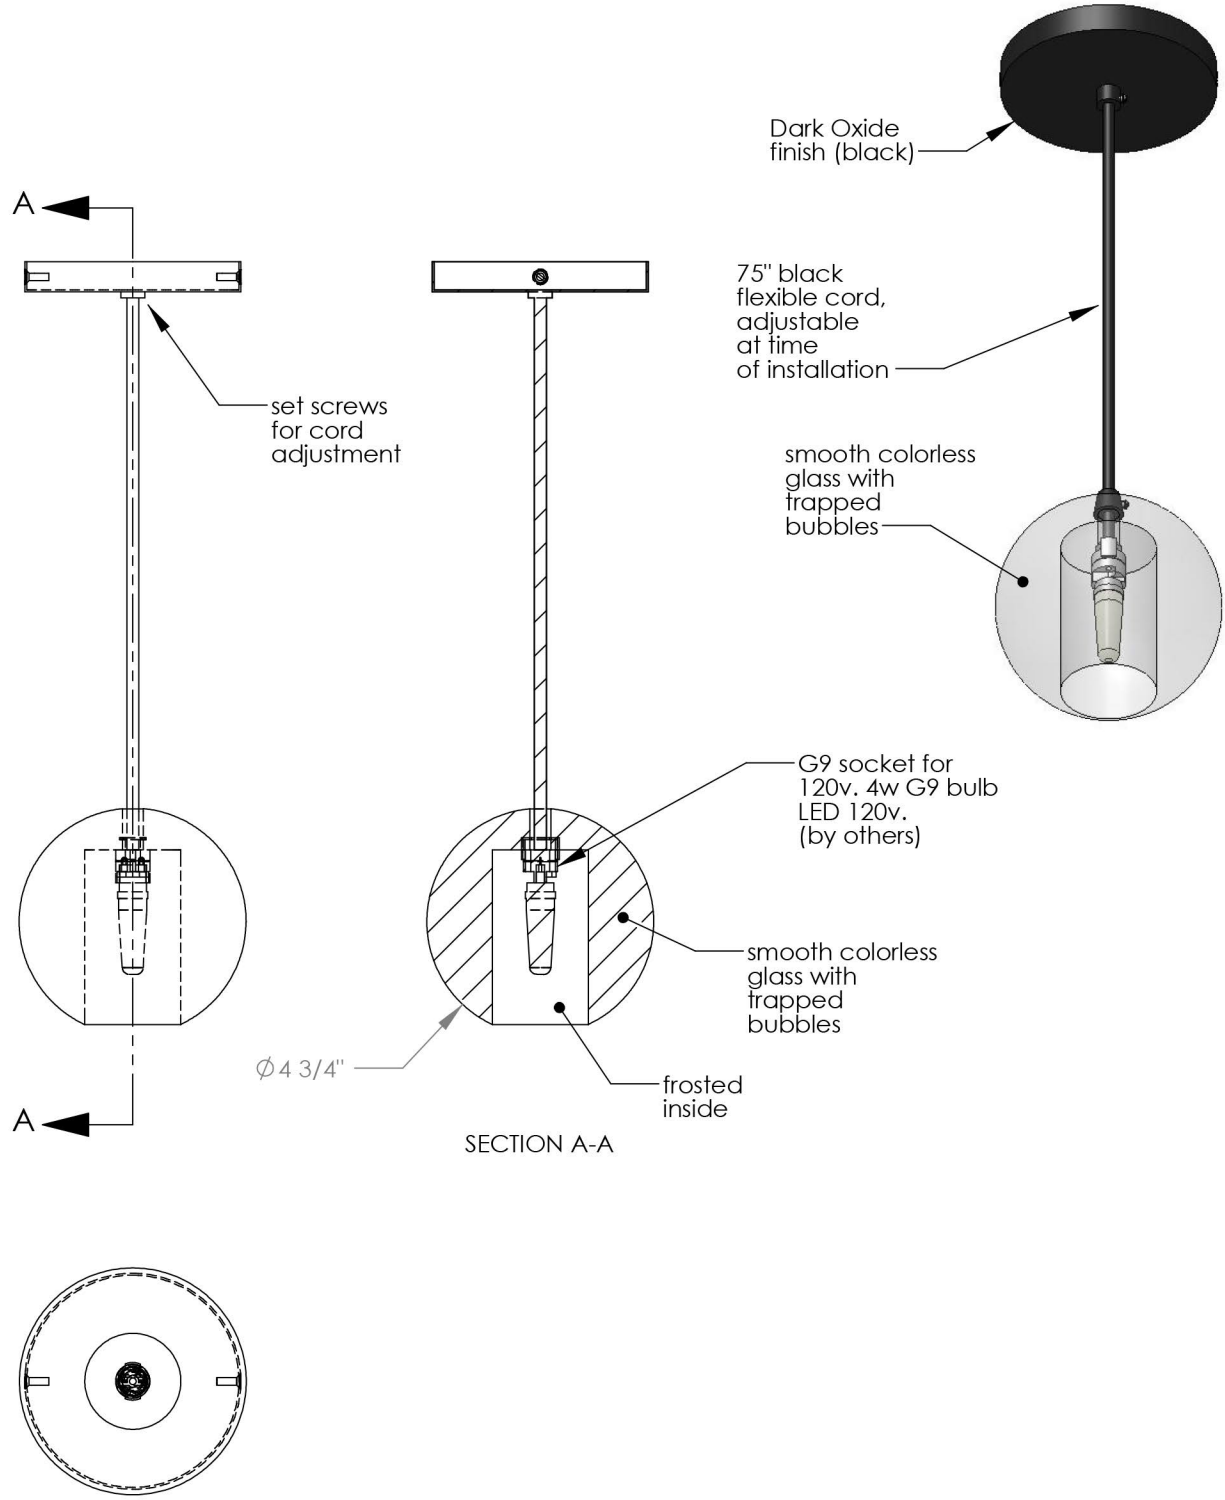

# TOP BRASS LIGHTING

Top Brass C1462.02  
 Sep23, 2020  
 kirk.laughton@topbrasslighting.com
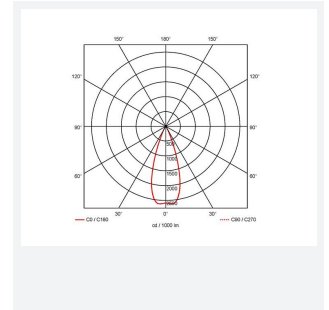

PRODUCT FEATURES

- UGR<19 performance downlight suitable for commercial and education applications
- UGR<19 (unified glare rating) compliant luminaire assisting to eliminate glare for visual comfort
- Anti-Ligature kit available for installation in secure environments such as healthcare and educational facilities
- Deep cut-off angle for glare control and comfort
- Downlight design allows installation into existing hole cut-outs from 68mm, 100mm, 150mm and 200mm
- Powered by Tridonic

GENERAL INFORMATION	
Wattage	28W
Lumens Delivered	2600lm
Lm/W	93lm/W
Beam Angle	40
CRI	80
CCT	3000K
Input	220/240V
Operating Temp	-20°C - 40°C
SDCM	6
UGR	10
Cut-Out Size	150mm
Product Weight without Packaging	0.316 kg

TECHNICAL INFORMATION	
Light Source	LED
Colour / Finish	White
IP Rating	IP20
Class Protection	2
Internal / External	Internal
Surface / Recessed / Suspended	Recessed
Lumen Depreciation	L80 72,000h
Warranty (Years)	5
CE Mark	Yes
Diameter	172 mm
Height	98 mm
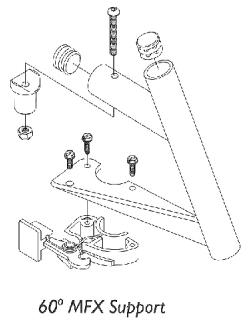

Footrest Support Assemblies

Swingaway 60 Degree, 70 Degree, and 90 Degree

Footrest Support Assemblies

Swingaway 60 Degree, 70 Degree, and 90 Degree

Item Number	Note	Part Number	Description	Quantity Per	
				Package	Assembly
1		1022831	Screw, Socket Button Head (1/4-20 x 1-7/8")	1	1
2		1029501	Plug Button, Black (1")	1	1
3		1017148	Pivot, Footrest	1	1
4		1025736	Locknut (1/4-20)	1	1
5		1025451	Screw, Slotted Hex Washer Head (#10-32 x 5/8")	1	2
6		1017423	Screw, Slotted Hex Washer Head w/ Patch (#10-32 x 1/2")	1	1
7		1025454	Housing, Latch - Right	1	1
7		1025455	Housing, Latch - Left	1	1
8		1026124	Collar, Anti-Rattle	1	1
9	A	See Chart	#9 Footrest Support Assemblies	1	1
10		1118544	Kit, Extension w/ Hardware (2")	1	1
10		8881038231	Kit, 3" Extension w/ Hardware (Pair)	2	1
11		1045267	Screw, Hex Head w/ Patch (1/4-20 x 3/4")	1	1
12		1026099	Spacer, Coved (1/4 x 11/16 x 1/2")	1	2
13		1028004	Kit, Pivot Slide Tube Mounting Hardware (Pair)	2	1
	B	1026987	Guard, Impact (8" L)	1	1
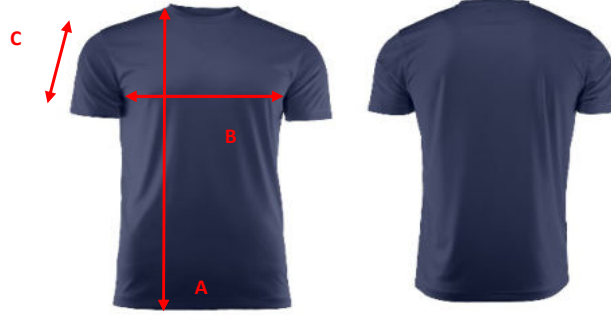

*Printer*  
ACTIVE WEAR

**SIZE CHART**

**Brand: PRINTER ACTIVE WEAR**

**Style: 2264023 RUN**

	<b>XS</b>	<b>S</b>	<b>M</b>	<b>L</b>	<b>XL</b>	<b>XXL</b>	<b>3XL</b>	<b>4XL</b>	<b>5XL</b>
A) body length	68	70	72	74	76	78	80	82	84
B) 1/2 Chest width	46	49	52	55	59	63	67	71	75
C) Sleeve length	16	18	20	21	22	23	24	24,5	25

*All measurements are indicative with minimum tolerance of 1 cm*
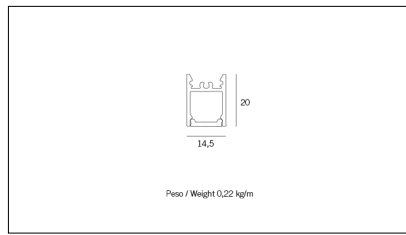

# MACROLUX

Article code	Article	Colour	Light Temperature (°K)	Watt (W)	Length (mm)
1320.0112.00.92	MT1_12-92 L=max 3 m	Black (92)			
1320.0112.01.92	MT1_12/3000-92 L=3m - EMPTY STANDARD	Black (92)			3000
1320.0112.01.M20.92	MT1_12/3000-92 L=3m - 20x EMPTY STANDARD	Black (92)			3000
1320.0112.120.2700.92	MT1_12/9,6/2700°K-92	Black (92)	2700	9,6	
1320.0112.120.4000.92	MT1_12/9,6/4000°K-92	Black (92)	4000	9,6	
1320.0112.120.92	MT1_12/9,6/3000°K-92	Black (92)	3000	9,6	
1320.0112.240.2700.92	MT1_12/19.6W/2700°K-92	Black (92)	2700	19,6	
1320.0112.240.4000.92	MT1_12/19.6W/4000°K-92	Black (92)	4000	19,6	
1320.0112.240.92	MT1_12/19.6W/3000°K-92	Black (92)	3000	19,6	

Article code	Article	Colour	Light Temperature (°K)	Watt (W)	Length (mm)
1320.0112.00.94	MT1_12-94 L=max 3 m	White (94)			
1320.0112.01.94	MT1_12/3000-94 L=3m - EMPTY STANDARD	White (94)			3000
1320.0112.01.M20.94	MT1_12/3000-94 L=3m - 20x EMPTY STANDARD	White (94)			3000
1320.0112.120.2700.94	MT1_12/9,6/2700°K-94	White (94)	2700	9,6	
1320.0112.120.4000.94	MT1_12/9,6/4000°K-94	White (94)	4000	9,6	
1320.0112.120.94	MT1_12/9,6/3000°K-94	White (94)	3000	9,6	
1320.0112.240.2700.94	MT1_12/19.6W/2700°K-94	White (94)	2700	19,6	
1320.0112.240.4000.94	MT1_12/19.6W/4000°K-94	White (94)	4000	19,6	
1320.0112.240.94	MT1_12/19.6W/3000°K-94	White (94)	3000	19,6	

Article code	Name	Description	Watt (W)
1.97745	Driver LED 24V 200W IP67	Dimensioni 69 x 37 x 206 mm	200

Article code	Name	Description	Colour
1320.5112.94	MT1_12/TC-4	Testata di chiusura, finitura bianco / End cap, finishing white (1 pz.)	White (94)
1320.5112.94.10	MT1_12/TC-4 - 10 PZ	Testata di chiusura, finitura bianco / End cap, finishing white	White (94)
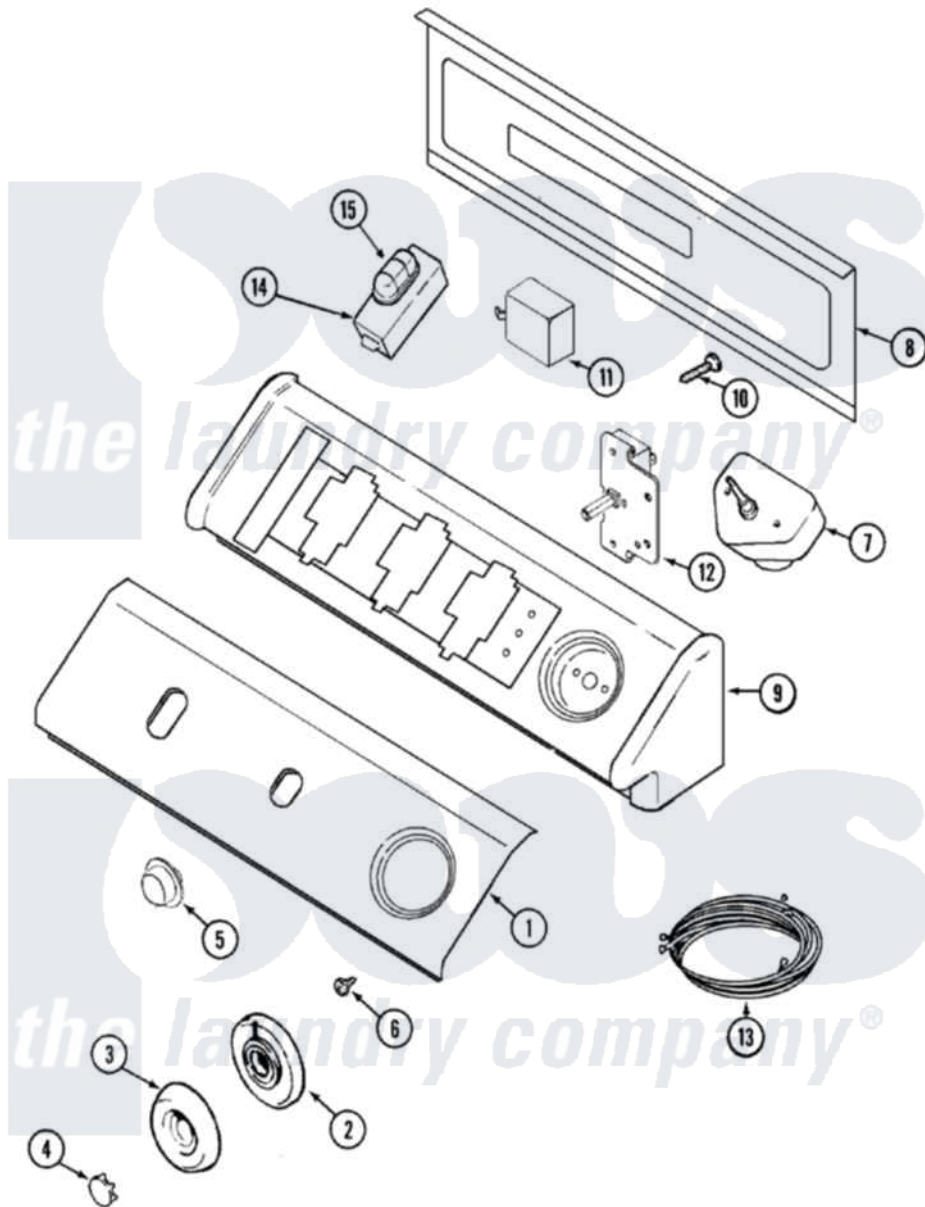

Maytag MDE4057AYW 03 - CONTROL PANEL

Maytag [Residential Maytag MDE4057AYW Dryer Parts](#) Parts Diagram 03 - CONTROL PANEL
 Click on the part number to view part

Item	Original Part Number	Replaced By	Status	Part Description
1	33002455			Panel, Control
"	Y22002339	8534058		Screw
2	33001621			Skirt, Timer Dial
3	22001659			Timer Knob - Grey
4	22001664			Timer Knob Insert/Cap
5	33001619	37001071		Button, Push-To-Start
6	33001690	90767		Screw, 8A X 3/8 HeX Washer Head Tapping
7	33001624			Timer
8	33001806		Not Available	BACK, CONSOLE PANEL
"	216423	3370225		Screw
9	33002286		Not Available	CONSOLE (WHT)
10	216423	3370225		Screw
11	33001623			Buzzer, Non-Adjustable
12	33001861	33001618		Switch- PU
13	33001920			Wire Harness, Main
14	33002454			Switch, 3 Pos.

15	22001789		Button, Switch
"	22001788		Button, Switch
16	33002531		Manual, Use And Care
"	33002457	Not Available	MANUAL, USE & CARE
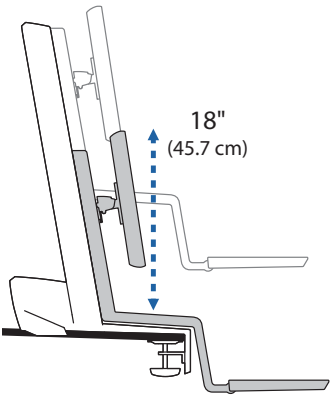

Dimensions

Desk Thickness

Flip clamp for thicker desks:

Lowest Position

Highest Position

Worksurface

Americas Sales and Corporate Headquarters

St. Paul, MN USA
(800) 888-8458
+1-651-681-7600
www.ergotron.com
sales@ergotron.com

Range of Motion

Portrait/Landscape rotation stop screw can be installed for 0° rotation.

Weight Capacity

© 2014 Ergotron, Inc. rev. 12/11/18 DIM-WFSWLD Content is subject to change without notification

Americas Sales and Corporate Headquarters
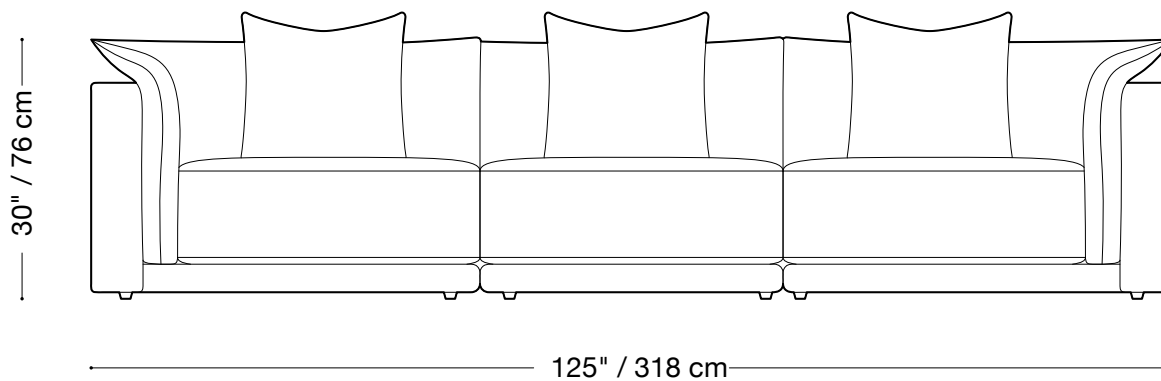

MONTAUK SOFA

Jill

Sofa

Length 125" / 318 cm

Depth 44" / 112 cm

Height* 25" / 76 cm

The Jill sofa is composed of modular units. Multiple configurations are possible.

Custom finishes, fabrics, and leather are available.

*Back pillows will add approx. 5" to height.
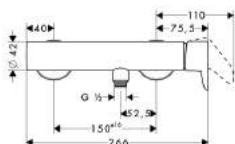

Shower

Single Lever Shower Mixer for exposed installation

- 1 outlet
- connection type: s-shaped connections
- centre distance: 150 mm ± 16 mm
- operating pressure: min. 1 bar / max. 10 bar
- ceramic cartridge
- temperature limitation adjustable
- non-return valve
- with silencer
- suitable for continuous flow water heaters
- hose connection DN15
- connection dimension: DN15
- scope of supply: escutcheons
- MWELS 1 tick

Code No. 34620000

Colour chrome
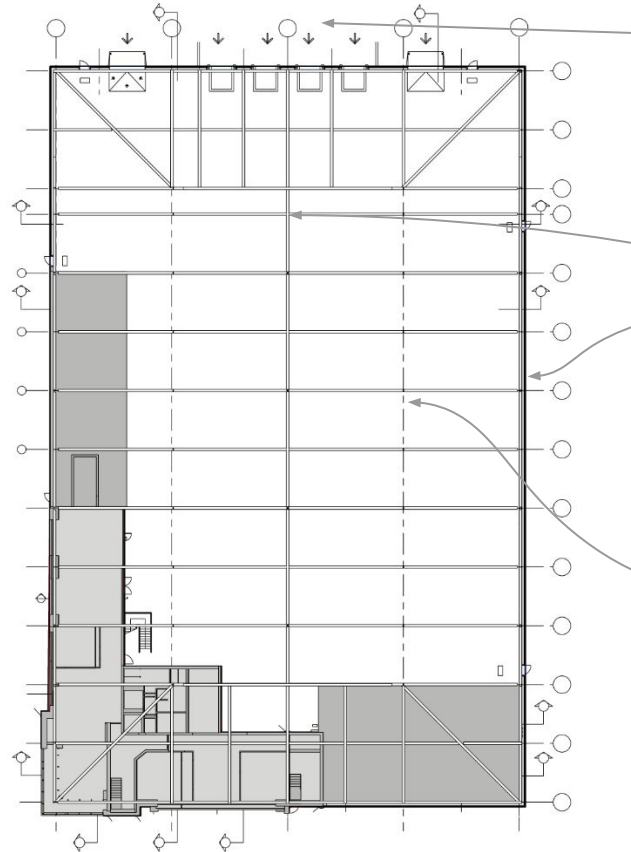

- 30,00 sqft / 2,750 sqm sound stage
- 15,400 sqft / 1,430 sqm of office space
- 3,159 sqft / 290 sqm of mezzanine space
- Parking for 66 cars and 10 trucks.
- Dedicated ESB substation providing up to 500KV_a.

- Up to 500 KVA power available with dedicated sub station

- 4 x self leveling loading docks
- 2 x roller shutter doors

- 10m height to the eaves

- 11m height to the apex

All offices have the following amenities

------------------------

The problem ->
All that should appear in the answer is the lines above from the line with "St. Paul, MN USA" through the line with "- hose connection DN15", retyped exactly, pictures left out.

Exercise result ->
St. Paul, MN USA
(800) 888-8458
+1-651-681-7600
www.ergotron.com
sales@ergotron.com

Range of Motion

Portrait/Landscape rotation stop screw can be installed for 0° rotation.

Weight Capacity

© 2014 Ergotron, Inc. rev. 12/11/18 DIM-WFSWLD Content is subject to change without notification

Americas Sales and Corporate Headquarters

MONTAUK SOFA

Jill

Sofa

Length 125" / 318 cm

Depth 44" / 112 cm

Height* 25" / 76 cm

The Jill sofa is composed of modular units. Multiple configurations are possible.

Custom finishes, fabrics, and leather are available.

*Back pillows will add approx. 5" to height.

Shower

Single Lever Shower Mixer for exposed installation

- 1 outlet
- connection type: s-shaped connections
- centre distance: 150 mm ± 16 mm
- operating pressure: min. 1 bar / max. 10 bar
- ceramic cartridge
- temperature limitation adjustable
- non-return valve
- with silencer
- suitable for continuous flow water heaters
- hose connection DN15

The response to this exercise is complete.